The focus of Yokomizo’s photography and video-work is the gap between self and other; the space that exists between ‘me’ and ‘you’. The object of the artist’s scrutiny is almost always a single isolated human being, but her own presence is always also implicated in this process of re-presentation, as, subsequently, is the viewer’s.
The terms of the encounter between the artist and her ‘participant’ are meticulously constructed, and it is the nature of this relationship that defines the resulting image. Thus, in contrast to the merciless ‘stare’ of documentary photography, Yokomizo’s images reproduce a strong sense of reciprocity, and an awareness of one’s own presence in relation to another.

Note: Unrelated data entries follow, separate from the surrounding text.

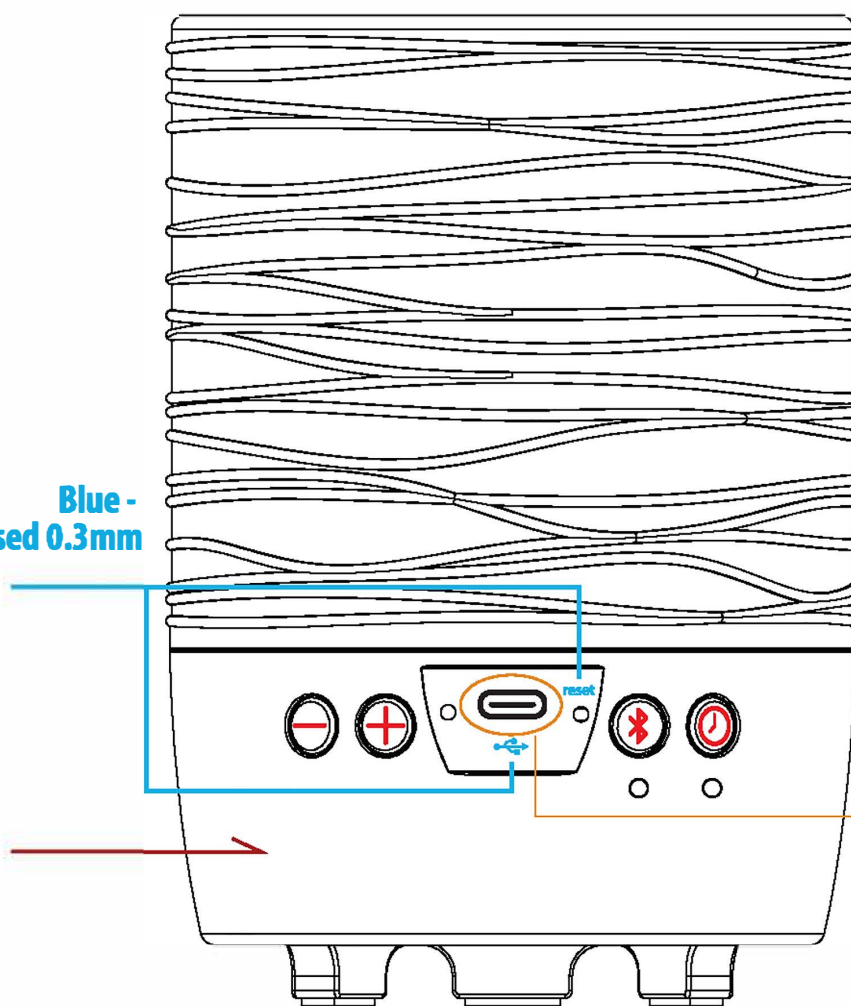

May 03, 2023

May 03, 2023

Blue - Debossed 0.3mm

USB-C port updated

RED - Pad Printed,
See DL for color
Cool grey 4U

true view:

RED - Pad Printed,
See DL for color
Cool grey 4U

Blue - Debossed 0.3mm

Date Code
font size: 8pt

Model no plate

Model plate

WFT: white background, Text: Cool gray 8C
BH: Black background, Text: cool grey 4U

2023.05.02 Updated

In the Stranger series, each photograph shows someone looking out through a window. The artist has never met any of these people. She selected their addresses and then wrote an anonymous letter asking if the recipient would stand at a particular window, alone, with the room lights on, at a specific time of night so that she could photograph them from the street. The artist simply promised to be there waiting. If they did not wish to participate they could close the curtains, while if they chose to open the door to meet her the photograph would not be used.
In the Untitled (Hitorigoto) series, Yokomizo continues to explore the tension between the documentary and fictional aspect of photographic representation. However the artist has placed herself on the other side of the window and, by collaborating with her friends, she replaces the sense of physical and emotional distance with a world of intimacy and interiority.
Other works in the exhibition include an early video-work, A Boy with his Father, and two newly commissioned photographic works, Find A Date, using locally-sourced ‘lonely hearts’ newspaper columns, which continue the theme of solitude and the dialogue between private and public realms.